The ambulance was parked at the end of the seven-kilometer-long private road from Krasnoyarsk to Stolby. Across the narrow, battered strip of blacktop, a green metal trailer served as a kiosk, selling beer, soda and chips through a small window with metal bars. The trail leading up to the Stolbys from the road was wide, steep and direct through dense trees. We couldn't see any of the climbing. The forest around us seemed strangely dead. No birds chirped in the branches; in fact, there was no sound at all — and nothing to see, except horrendously old trees with long root systems, hard as concrete.
Valeri Khvostenko dismissed Brittany's question with a "bah-it's-not-a-big-deal" wave of his thick hands.
Valeri had a bristling white beard, sparkling blue eyes and a round, strong frame. He was sixty-five; he'd been climbing at Stolby for fifty-plus years. He started the extensive Stolby climbing website stolby.ru and had agreed to share the place with us for the next eight days. Although his English was marginal at best (he greeted us at the Krasnoyarsk airport holding his "Welcome, Jonathan" sign upside down), his bemused goodwill made me feel as if I were meeting my own grandfather, albeit in a mismatched nylon jogging suit and Orlando Magic ballcap.

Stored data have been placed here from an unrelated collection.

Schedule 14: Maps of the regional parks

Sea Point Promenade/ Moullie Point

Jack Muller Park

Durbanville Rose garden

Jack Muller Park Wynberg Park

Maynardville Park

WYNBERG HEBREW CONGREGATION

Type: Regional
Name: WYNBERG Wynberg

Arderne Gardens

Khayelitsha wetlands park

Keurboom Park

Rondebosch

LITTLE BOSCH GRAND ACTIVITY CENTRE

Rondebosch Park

Oleg, Valeri's son, who spoke solid English and who'd taken a week off work to translate, looked somewhat more like my usual image of a climber: Gore-Tex jacket with an expedition patch, rucksack and black cotton-Lycra knickers. One of the most talented current Stolbists, he'd also been on expeditions to Alaska, Antarctica and Pakistan.

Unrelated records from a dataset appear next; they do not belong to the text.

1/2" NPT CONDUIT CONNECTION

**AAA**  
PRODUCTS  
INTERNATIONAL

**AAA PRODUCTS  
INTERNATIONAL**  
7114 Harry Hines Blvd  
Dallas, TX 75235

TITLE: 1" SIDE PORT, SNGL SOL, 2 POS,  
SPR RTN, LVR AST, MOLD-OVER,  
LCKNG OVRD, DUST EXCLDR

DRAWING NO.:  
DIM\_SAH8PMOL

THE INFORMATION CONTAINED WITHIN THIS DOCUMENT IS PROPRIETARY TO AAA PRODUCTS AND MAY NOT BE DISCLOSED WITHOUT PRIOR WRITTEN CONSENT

I looked to Oleg to explain.
"It's not a problem," Oleg said. "The ambulance, it waits here on the weekends."
"Exactly how often do climbers die here?" Brittany's eyes narrowed in the same way they did when she thought I was evading a relationship issue. I could tell she was unsatisfied by Valeri's cavalier hand wave.
Valeri gave us another wave.
"No, no, not very often," Oleg said. "Maybe once a month... sometimes two."
"Wait," Brittany said. "What? Oh, Jesus!"
"One or two a month?" Burcham mumbled to me. Even his West Virginia drawl couldn't soften the calculations we were all making. "One or two a month for 150 years? Man, that's... that's off the charts."
"Not many deaths," Oleg said for his father, "but yes, on the weekends there are many bones broken."
Valeri nodded and snapped an imaginary twig between his fingers.